Newsvendor problem

16 Aug 2016

Let’s play a game. In the first period, the player buys some newspapers at 25 cents each (but they can’t sell them yet). In the second period, the player sells some newspapers at 1 dollar each (but they can’t buy more newspapers). Then the day ends, and any left-over demand or left-over newspapers become worthless.

If there are 3d6 customers, then the mean number of customers is 10.5. We can’t certainly can’t buy 10.5 newspapers. Should we buy 11 newspapers? On the one hand, that would be close to matching the expected demand. On the other hand, a newspaper only costs a quarter. Would it be reasonable to buy 12 newspapers, or even more?

Let’s suppose that we commit to a policy, perhaps foolishly, of buying 11 newspapers. What would our profits be? Well, when 3d6 is greater than or equal to 11, we’re limited by our stock, so our profit is 11 newspapers worth, which works out to… 11 * 1 (revenue) - 11 * 0.25 (cost) = 8.25 (profit). On the other hand, when 3d6 is less than 11, we’re limited by the number of customers.

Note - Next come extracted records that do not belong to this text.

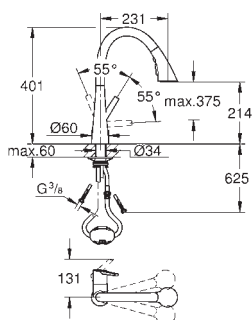

смесителя

максимальный расход (при давлении 3 бара): 10 л/мин

GROHE ZEDRA / ZEDRA SMARTCONTROL / ZEDRA TOUCH

Артикул

Цвет

32 294 002
32 294 DC2

хром
суперсталь

Zedra
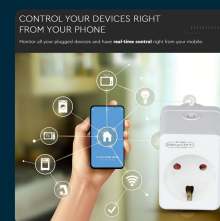

## SKU 8416 VT-5002

Presa con Spina a Schuko WiFi 10A 2P + Schuko USB e Interruttore Compatibile con Google Home e Amazon Alexa via App V-Tac Smart

If we buy 11 newspapers, but only 3 people show up, then we only make one quarter of profit! Profit is c * 1 (revenue) - 11 * 0.25 (cost), if “c” is the number of customers.

Fooling around with the Troll dice calculator it seems like with this 11-newspapers policy, we would expect to make a profit of 27.166 quarters, or 27.166 / 4 = 6.7 dollars per day.

customers := sum 3d6;
papers := 11;
if customers < papers then 4 * customers - papers else 3 * papers

But it’s easy to run the calculator with a different policies. Fooling around only a little more, plugging in different policies, we can find out that buying 12 newspapers per day has even better expected profit per day.

How would we compute the optimal policy? We might write a little code:

def profit(customers, papers):
  cost = 0.25 * papers
  if customers < papers:
    revenue = customers
  else:
    revenue = papers
  return revenue - cost

def expected_profit(papers):
  total = 0.0
  count = 0
  for i in range(1, 6):
    for j in range(1, 6):
      for k in range(1, 6):
        customers = i + j + k
        total += profit(customers, papers)
        count += 1
  return total / count

print '|papers bought|expected profit|'
print '|-------------|---------------|'
for papers in range(1, 36):
  print '|%d|%f|' % (papers, expected_profit(papers))

Which produces a reasonably nice table:

papers bought expected profit
1 0.750000
2 1.500000
3 2.250000
4 2.992000
5 3.710000
6 4.380000
7 4.970000
8 5.440000
9 5.766000
10 5.940000
11 5.970000
12 5.880000
13 5.710000
14 5.492000
15 5.250000
16 5.000000
17 4.750000
18 4.500000
19 4.250000
20 4.000000
21 3.750000
22 3.500000
23 3.250000
24 3.000000
25 2.750000
26 2.500000
27 2.250000
28 2.000000
29 1.750000
30 1.500000
31 1.250000
32 1.000000
33 0.750000
34 0.500000
35 0.250000

Stepping back a bit, one way you might turn this little, unfun game into a bigger (though perhaps still unfun) game is to consider a sequence of newsvendor games, and have the player graduate from one level to the next periodically (when they have demonstrated a certain level of facility, for example).

For example, what would the best policy be if the papers cost 2 dollars and sold for 7 dollars?

What if the distribution of customers was different?